== Entries shown

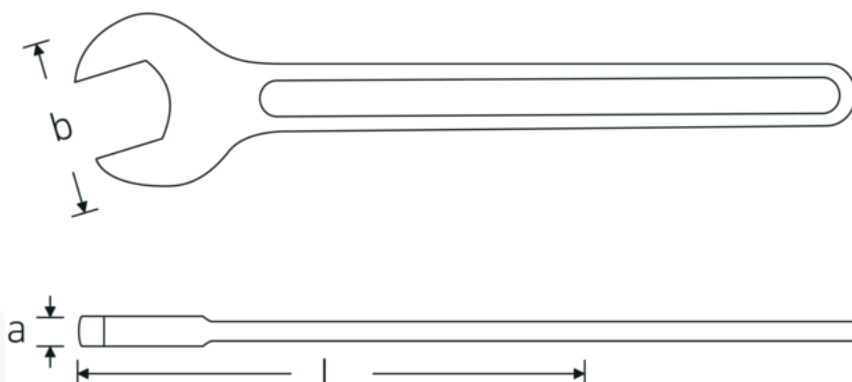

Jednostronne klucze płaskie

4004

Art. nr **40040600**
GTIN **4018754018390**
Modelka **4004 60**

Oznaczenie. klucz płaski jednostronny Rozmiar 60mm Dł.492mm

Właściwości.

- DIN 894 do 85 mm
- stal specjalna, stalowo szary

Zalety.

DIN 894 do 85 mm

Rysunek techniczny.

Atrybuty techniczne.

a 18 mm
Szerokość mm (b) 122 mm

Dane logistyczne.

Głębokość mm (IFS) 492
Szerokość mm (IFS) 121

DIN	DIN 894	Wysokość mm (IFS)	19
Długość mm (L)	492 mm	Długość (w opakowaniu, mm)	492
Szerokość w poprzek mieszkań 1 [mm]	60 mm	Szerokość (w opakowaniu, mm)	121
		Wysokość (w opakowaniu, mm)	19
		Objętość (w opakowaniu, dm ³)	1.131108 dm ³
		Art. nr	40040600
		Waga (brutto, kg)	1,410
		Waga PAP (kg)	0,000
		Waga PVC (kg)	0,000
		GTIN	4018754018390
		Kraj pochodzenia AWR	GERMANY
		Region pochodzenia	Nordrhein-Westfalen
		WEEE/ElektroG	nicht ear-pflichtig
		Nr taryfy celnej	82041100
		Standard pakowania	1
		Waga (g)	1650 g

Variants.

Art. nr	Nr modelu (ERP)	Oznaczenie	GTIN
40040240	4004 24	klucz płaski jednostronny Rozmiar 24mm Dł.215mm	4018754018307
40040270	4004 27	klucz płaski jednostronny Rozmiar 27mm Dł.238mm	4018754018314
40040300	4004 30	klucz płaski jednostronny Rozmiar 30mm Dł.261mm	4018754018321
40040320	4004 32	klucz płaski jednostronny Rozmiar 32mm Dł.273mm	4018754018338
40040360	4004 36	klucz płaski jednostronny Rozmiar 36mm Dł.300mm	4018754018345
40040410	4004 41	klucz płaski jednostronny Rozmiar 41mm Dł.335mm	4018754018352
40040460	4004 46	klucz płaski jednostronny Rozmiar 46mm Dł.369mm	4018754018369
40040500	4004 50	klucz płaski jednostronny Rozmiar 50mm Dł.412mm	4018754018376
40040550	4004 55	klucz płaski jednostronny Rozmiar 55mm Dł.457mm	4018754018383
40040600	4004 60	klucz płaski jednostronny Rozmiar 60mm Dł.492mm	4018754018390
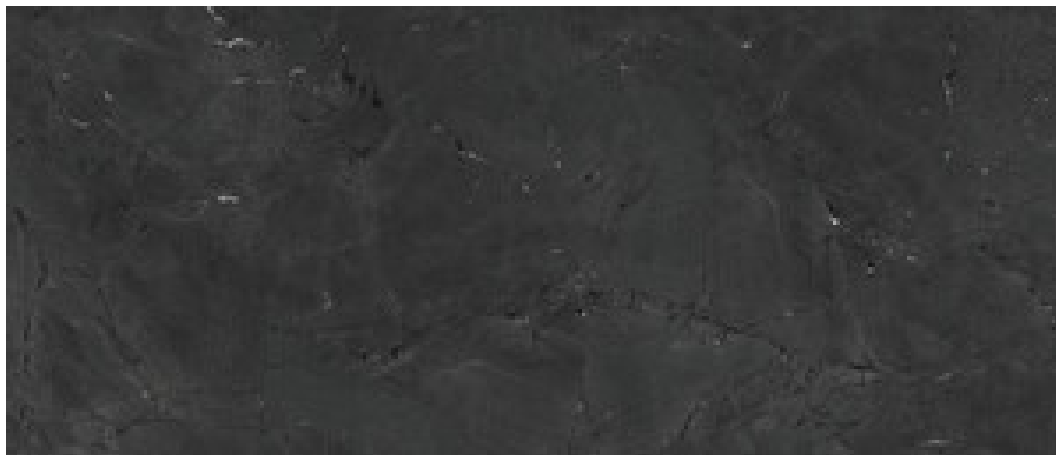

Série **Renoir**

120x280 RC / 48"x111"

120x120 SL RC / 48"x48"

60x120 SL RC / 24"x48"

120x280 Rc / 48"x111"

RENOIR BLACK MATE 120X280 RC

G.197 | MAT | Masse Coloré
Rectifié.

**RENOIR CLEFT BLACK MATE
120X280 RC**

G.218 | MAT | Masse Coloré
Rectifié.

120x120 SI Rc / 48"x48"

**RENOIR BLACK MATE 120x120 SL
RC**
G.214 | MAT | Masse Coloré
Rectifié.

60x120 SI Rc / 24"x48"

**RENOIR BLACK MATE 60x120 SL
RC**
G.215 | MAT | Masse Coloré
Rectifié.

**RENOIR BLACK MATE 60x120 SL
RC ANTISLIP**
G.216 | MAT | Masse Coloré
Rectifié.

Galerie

====
== Entries shown

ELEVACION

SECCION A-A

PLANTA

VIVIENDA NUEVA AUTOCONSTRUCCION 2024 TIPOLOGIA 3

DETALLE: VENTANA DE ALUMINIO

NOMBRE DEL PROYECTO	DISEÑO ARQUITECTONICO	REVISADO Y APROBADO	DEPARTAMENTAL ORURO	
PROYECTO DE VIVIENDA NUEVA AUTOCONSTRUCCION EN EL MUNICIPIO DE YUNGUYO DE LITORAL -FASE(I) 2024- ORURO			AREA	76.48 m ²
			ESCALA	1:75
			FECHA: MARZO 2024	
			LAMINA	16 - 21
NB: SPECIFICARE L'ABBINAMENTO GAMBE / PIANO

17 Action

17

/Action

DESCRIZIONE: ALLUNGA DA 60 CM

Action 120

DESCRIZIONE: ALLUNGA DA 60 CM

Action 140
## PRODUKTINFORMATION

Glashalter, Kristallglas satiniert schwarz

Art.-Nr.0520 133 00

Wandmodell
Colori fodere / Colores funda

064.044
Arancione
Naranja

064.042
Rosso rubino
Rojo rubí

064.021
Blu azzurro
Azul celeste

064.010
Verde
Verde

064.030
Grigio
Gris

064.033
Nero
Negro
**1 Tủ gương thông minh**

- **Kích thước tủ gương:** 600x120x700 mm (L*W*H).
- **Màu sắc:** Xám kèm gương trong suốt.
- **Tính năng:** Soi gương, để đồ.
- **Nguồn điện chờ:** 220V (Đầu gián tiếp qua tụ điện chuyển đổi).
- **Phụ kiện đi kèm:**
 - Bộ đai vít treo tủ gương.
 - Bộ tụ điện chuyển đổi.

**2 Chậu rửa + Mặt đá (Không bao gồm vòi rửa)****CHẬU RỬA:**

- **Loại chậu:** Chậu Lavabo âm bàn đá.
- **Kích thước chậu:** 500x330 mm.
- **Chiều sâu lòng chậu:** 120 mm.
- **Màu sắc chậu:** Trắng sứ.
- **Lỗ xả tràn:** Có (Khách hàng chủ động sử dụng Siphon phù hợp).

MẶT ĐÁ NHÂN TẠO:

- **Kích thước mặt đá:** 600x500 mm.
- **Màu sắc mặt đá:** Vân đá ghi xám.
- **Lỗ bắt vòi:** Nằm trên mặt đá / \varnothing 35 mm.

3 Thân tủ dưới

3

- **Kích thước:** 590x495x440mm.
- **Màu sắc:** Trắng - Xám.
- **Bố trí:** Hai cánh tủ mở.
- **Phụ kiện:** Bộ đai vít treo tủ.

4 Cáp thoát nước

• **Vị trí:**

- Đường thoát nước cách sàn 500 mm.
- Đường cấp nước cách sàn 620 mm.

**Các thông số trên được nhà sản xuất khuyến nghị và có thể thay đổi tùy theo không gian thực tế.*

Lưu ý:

====

**What you have to do:**
Would you print exactly, and only, the lines of the data above from the line with "Jednostronne klucze płaskie" through the line with "jednostronny Rozmiar 27mm", inclusive?

**Response to the task:**
Jednostronne klucze płaskie

4004

Art. nr **40040600**
GTIN **4018754018390**
Modelka **4004 60**

Oznaczenie. klucz płaski jednostronny Rozmiar 60mm Dł.492mm

Właściwości.

- DIN 894 do 85 mm
- stal specjalna, stalowo szary

Zalety.

DIN 894 do 85 mm

Rysunek techniczny.

Atrybuty techniczne.

a 18 mm
Szerokość mm (b) 122 mm

Dane logistyczne.

Głębokość mm (IFS) 492
Szerokość mm (IFS) 121

DIN	DIN 894	Wysokość mm (IFS)	19
Długość mm (L)	492 mm	Długość (w opakowaniu, mm)	492
Szerokość w poprzek mieszkań 1 [mm]	60 mm	Szerokość (w opakowaniu, mm)	121
		Wysokość (w opakowaniu, mm)	19
		Objętość (w opakowaniu, dm ³)	1.131108 dm ³
		Art. nr	40040600
		Waga (brutto, kg)	1,410
		Waga PAP (kg)	0,000
		Waga PVC (kg)	0,000
		GTIN	4018754018390
		Kraj pochodzenia AWR	GERMANY
		Region pochodzenia	Nordrhein-Westfalen
		WEEE/ElektroG	nicht ear-pflichtig
		Nr taryfy celnej	82041100
		Standard pakowania	1
		Waga (g)	1650 g

Variants.

Art. nr	Nr modelu (ERP)	Oznaczenie	GTIN
40040240	4004 24	klucz płaski jednostronny Rozmiar 24mm Dł.215mm	4018754018307
40040270	4004 27	klucz płaski jednostronny Rozmiar 27mm Dł.238mm	4018754018314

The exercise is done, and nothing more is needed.